従って、辞書ＤＢ４では、端子１０２から入力される分野で単語を限定し、更に、シナリオを端子１０２から入力して単語の優先度を明示することで、音声認識手段３での認識率を改善させることができる。
図１にもどり、音声認識手段３では、辞書ＤＢ４から供給された辞書に従って、入力手段２から入力された音声信号データを認識し、メタデータを生成する。
次に、音声認識手段３から出力されたメタデータは、ファイル処理手段５に入力される。
ここで、前述したように入力手段２では、コンテンツＤＢ１から再生された垂直同期信号に同期して、音声信号をデータ化している。

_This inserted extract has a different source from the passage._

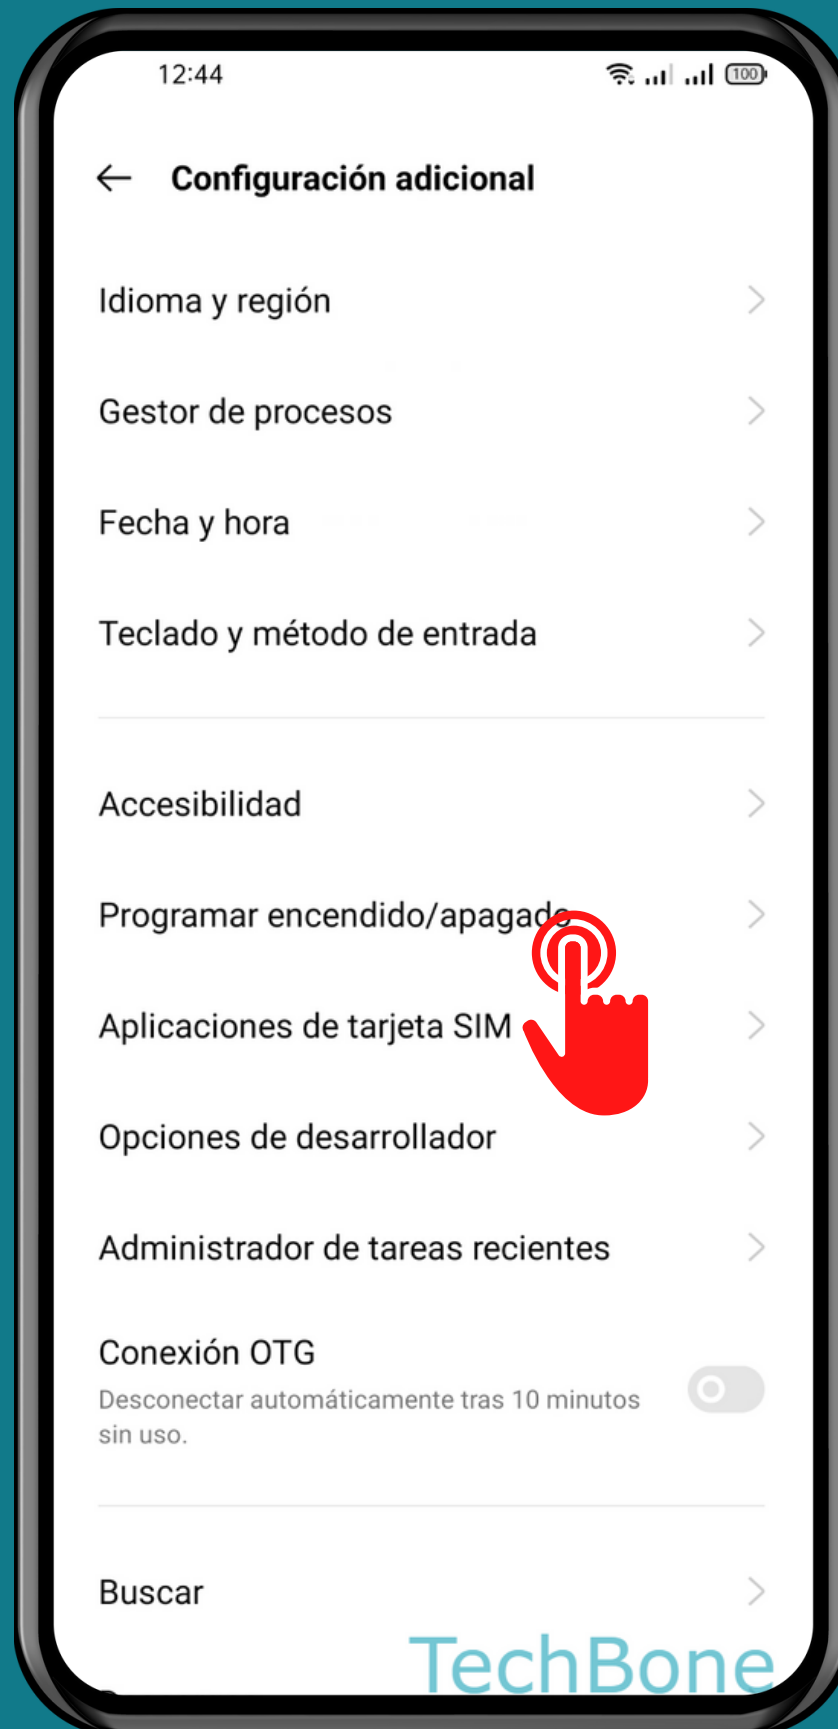

Presiona
Programar
encendido/apagado

従って、ファイル処理手段５では、入力手段２からの同期情報と、コンテンツＤＢ１から供給されるタイムコード値とを用いて、音声認識手段３から出力されたメタデータに、file開始からの１秒ごとの基準時間(TM＿ENT (秒))と、基準時間からのフレームオフセット数を示す（TM＿OFFSET）と、タイムコードを付記した形式でfile化処理する。
例えば、前述した料理番組の場合は、図４に示したようなＴＥＸＴ形式のメタデータファイルが、ファイル処理手段５から出力される。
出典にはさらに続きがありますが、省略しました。